[[ Data for the task, beginning ]]
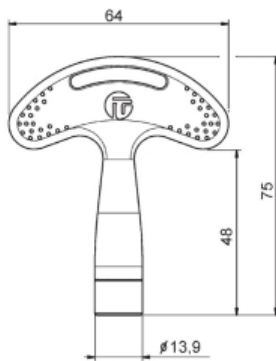

INSERT • BETÄTIGUNGSEINSATZ • GAMME D'INSERT

Vierkant 8mm
Carré 8mm

Finition	Plastique, bleu	Clé à carré	8mm
Finition	Insert Zamak
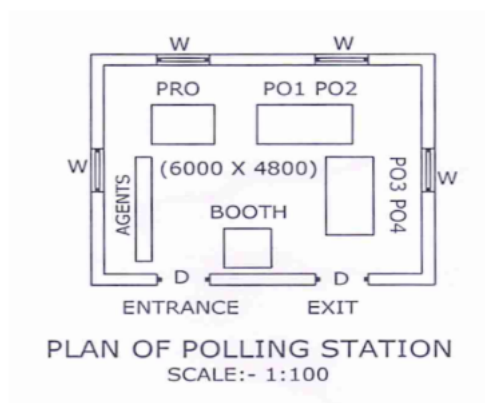

নির্বাচক নিবন্ধন আধিকারিকের স্বাক্ষর

Nazri Naksha

Google Map View

Polling Station Building Front View

Polling Station Front View

Cad View

Key MAP View

1 নাম : সেখ আইমদ উদ্দিন পিতার নাম: সেক আলফাজ উদ্দিন বাড়ির নং : এন00001 বয়স : 30 লিঙ্গ : পুরুষ	NNS2028579 ফটো উপলব্ধ	2 নাম : মৌমিতা মান্না প্রধান স্বামীর নাম: দীপংকর প্রধান বাড়ির নং : এন0055 বয়স : 26 লিঙ্গ : মহিলা	NNS2060663 ফটো উপলব্ধ	3 নাম : সঞ্জীব প্রধান পিতার নাম: সোমনাথ প্রধান বাড়ির নং : দাউদপুর বয়স : 25 লিঙ্গ : পুরুষ	NNS2395283 ফটো উপলব্ধ
4 নাম : সঞ্জীব প্রধান পিতার নাম: শঙ্কর প্রধান বাড়ির নং : ডেরা উত্তর বয়স : 22 লিঙ্গ : পুরুষ	NNS2441533 ফটো উপলব্ধ	5 নাম : পিজুস প্রধান পিতার নাম: ভবেস প্রধান বাড়ির নং : ডেরা উত্তর বয়স : 23 লিঙ্গ : পুরুষ	NNS2441491 ফটো উপলব্ধ	6 নাম : বিশুজিৎ দাস পিতার নাম: মতিলাল দাস বাড়ির নং : ডেরা উত্তর বয়স : 22 লিঙ্গ : পুরুষ	NNS2441517 ফটো উপলব্ধ
7 নাম : নাসের আলি খাঁন পিতার নাম: উজির আলি খাঁন বাড়ির নং : n0182 বয়স : 25 লিঙ্গ : পুরুষ	NNS2205789 ফটো উপলব্ধ	8 নাম : জগতজননী গুচ্ছাইত স্বামীর নাম: অনাদি গুচ্ছাইত বাড়ির নং : n0015 বয়স : 73 লিঙ্গ : মহিলা	NNS2104156 ফটো উপলব্ধ	9 নাম : মানসী জানা পিতার নাম: জগন্নাথ জানা বাড়ির নং : N00001 বয়স : 26 লিঙ্গ : মহিলা	NNS2028587 ফটো উপলব্ধ
10 নাম : আরতী মণ্ডল পিতার নাম: সুরত দাস বাড়ির নং : এন00001 বয়স : 32 লিঙ্গ : মহিলা	NNS1678838 ফটো উপলব্ধ	11 নাম : সুপ্রিয়া দাস স্বামীর নাম: জয়রাম দাস বাড়ির নং : এন00001 বয়স : 26 লিঙ্গ : মহিলা	NNS2294825 ফটো উপলব্ধ	12 নাম : সুব্রকমল দাস পিতার নাম: সুর্যকান্তি দাস বাড়ির নং : 127 বয়স : 24 লিঙ্গ : পুরুষ	NNS2290567 ফটো উপলব্ধ
13 নাম : সাগর সামন্ত পিতার নাম: আশীষ কুমার সামন্ত বাড়ির নং : ডেরা বয়স : 26 লিঙ্গ : পুরুষ	NNS2028512 ফটো উপলব্ধ	14 নাম : কোয়েল ডিংগাল পিতার নাম: কৌস্তব কান্তি ডিংগাল বাড়ির নং : n00001 বয়স : 25 লিঙ্গ : মহিলা	NNS2149888 ফটো উপলব্ধ	15 নাম : মনোমিতা দে স্বামীর নাম: নবকুমার দে বাড়ির নং : এন0001 বয়স : 42 লিঙ্গ : মহিলা	DNT2780674 ফটো উপলব্ধ
16 নাম : উৎপল দে পিতার নাম: নিরঞ্জন দে বাড়ির নং : এন0001 বয়স : 39 লিঙ্গ : পুরুষ	UCB0986422 ফটো উপলব্ধ	17 নাম : সোভন শ্যামল পিতার নাম: সুকুমার শ্যামল বাড়ির নং : এন0001 বয়স : 26 লিঙ্গ : পুরুষ	NNS2028488 ফটো উপলব্ধ	18 নাম : শর্মিষ্ঠা দাস স্বামীর নাম: সত্যরঞ্জন দাস বাড়ির নং : n0002 বয়স : 31 লিঙ্গ : মহিলা	NNS1934231 ফটো উপলব্ধ
19 নাম : সন্ধ্যা হাজরা (দাস) স্বামীর নাম: সুশান্ত কুমার দাস বাড়ির নং : n0002 বয়স : 29 লিঙ্গ : মহিলা	NNS1934199 ফটো উপলব্ধ	20 নাম : দেবাশিষ দাস পিতার নাম: শশাঙ্ক শেখর দাস বাড়ির নং : n0002 বয়স : 28 লিঙ্গ : পুরুষ	NNS1934108 ফটো উপলব্ধ	21 নাম : কাকলি প্রধান সামন্ত স্বামীর নাম: অমর সামন্ত বাড়ির নং : N0001 বয়স : 27 লিঙ্গ : মহিলা	NNS2028470 ফটো উপলব্ধ
22 নাম : গরিমা সামন্ত মায়ের নাম: মাধবী সামন্ত বাড়ির নং : N0001 বয়স : 27 লিঙ্গ : মহিলা	NNS2028520 ফটো উপলব্ধ	23 নাম : সুজয় সামন্ত মায়ের নাম: ভগবতী সামন্ত বাড়ির নং : n0001 বয়স : 25 লিঙ্গ : পুরুষ	NNS2205706 ফটো উপলব্ধ	24 নাম : সৌমিত্র কুণ্ডু পিতার নাম: সিদ্ধেশ্বর কুণ্ডু বাড়ির নং : এন0001 বয়স : 29 লিঙ্গ : পুরুষ	NNS2028496 ফটো উপলব্ধ
25 নাম : সোনালী গায়েন পিতার নাম: অনিল গায়েন বাড়ির নং : n0001 বয়স : 25 লিঙ্গ : মহিলা	NNS2149995 ফটো উপলব্ধ	26 নাম : গোষ্ঠাগোপাল দাস পিতার নাম: সন্তোষ কুমার দাস বাড়ির নং : এন00001 বয়স : 26 লিঙ্গ : পুরুষ	NNS2028595 ফটো উপলব্ধ	27 নাম : পিয়ালী প্রধান সামন্ত স্বামীর নাম: যাদব সামন্ত বাড়ির নং : N0001 বয়স : 29 লিঙ্গ : মহিলা	NNS2028645 ফটো উপলব্ধ
28 নাম : সত্যরঞ্জন দাস পিতার নাম: যাদবচন্দ্র দাস বাড়ির নং : 94 বয়স : 44 লিঙ্গ : পুরুষ	NNS1300235 ফটো উপলব্ধ	29 নাম : সুশান্ত কুমার দাস পিতার নাম: পরেশ চন্দ্র দাস বাড়ির নং : n0002 বয়স : 46 লিঙ্গ : পুরুষ	NNS1863562 ফটো উপলব্ধ	30 নাম : যাদব দাস পিতার নাম: সুরেন্দ্র দাস বাড়ির নং : 94 বয়স : 71 লিঙ্গ : পুরুষ	NNS1683507 ফটো উপলব্ধ
[[ Data for the task, end ]]
## Description of the task
Search the entries above for "Finition". Show every line that has it.

## Solution
Finition	Plastique, bleu	Clé à carré	8mm
Finition	Insert Zamak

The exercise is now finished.